_ASSIGNED TASK_
Exact reproduction of all the entries is required, without any of their pictures.
★ ★ ★
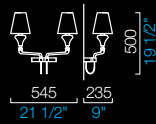

# Domo Nevada

Franco Raggi 2007

7031/01

7031/02

7031

7032

7033
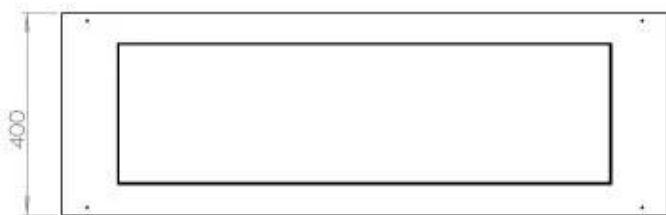

PrimeFire 1000
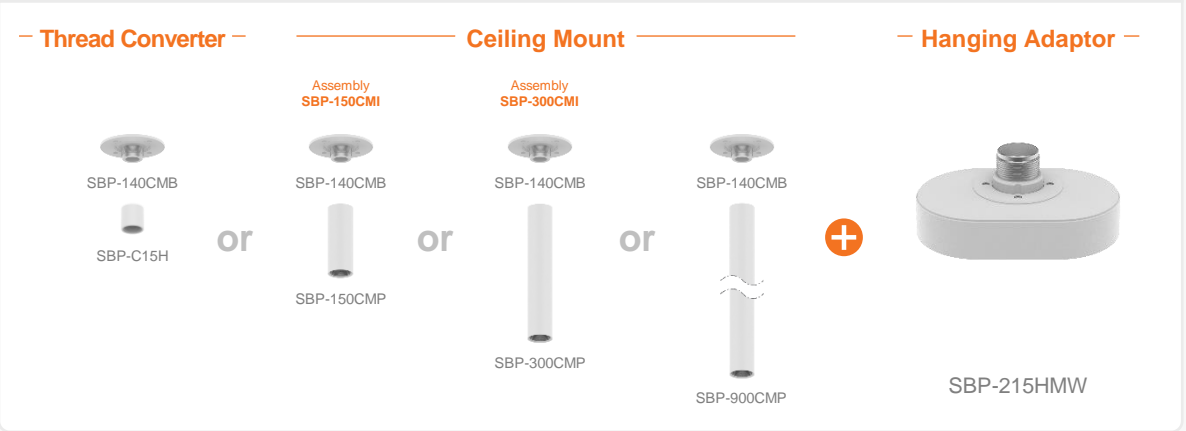

Ceiling 1

Ceiling 2

Wall 1

Wall 2

Pole 1

Pole 2

Corner 1

Corner 2

Parapet

PNM - C12083RVD / 12082RVD / C7083RVD / 7082RVD
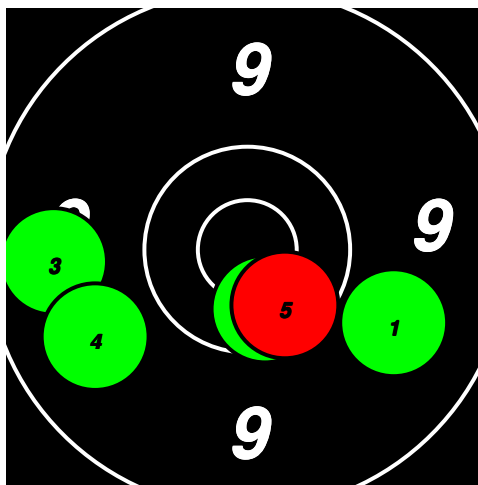

Total: 185
SM Korthåll Ställning SEN

9	10	8	9	9							45
10*	10	10*	9	10*							49
10	8	8	8	10							44
9	10*	9	10	9							47

(4) 3 TARLAND Östen

Total: 166
SM Korthåll Ställning SEN

8	10	9	10*	10*							47
10*	9	10	10	10							49
0	6	6	10	7							29
9	9	9	6	8							41

(5) 4 WIQVIST Bo

Total: 176
SM Korthåll Ställning SEN

10	9	10	9	10						48
9	10*	9	9	10*						47
8	8	7	4	8						35
10	9	9	9	9						46

5

5

5

5

(6) 5 ANDERSSON T.
★ ★ ★
_OUTPUT BELOW_
# Domo Nevada

Franco Raggi 2007

7031/01

7031/02

7031

7032

7033

PrimeFire 1000

Ceiling 1

Ceiling 2

Wall 1

Wall 2

Pole 1

Pole 2

Corner 1

Corner 2

Parapet

PNM - C12083RVD / 12082RVD / C7083RVD / 7082RVD

Total: 185
SM Korthåll Ställning SEN

9	10	8	9	9							45
10*	10	10*	9	10*							49
10	8	8	8	10							44
9	10*	9	10	9							47

(4) 3 TARLAND Östen

Total: 166
SM Korthåll Ställning SEN

8	10	9	10*	10*							47
10*	9	10	10	10							49
0	6	6	10	7							29
9	9	9	6	8							41

(5) 4 WIQVIST Bo

Total: 176
SM Korthåll Ställning SEN

10	9	10	9	10						48
9	10*	9	9	10*						47
8	8	7	4	8						35
10	9	9	9	9						46

5

5

5

5

(6) 5 ANDERSSON T.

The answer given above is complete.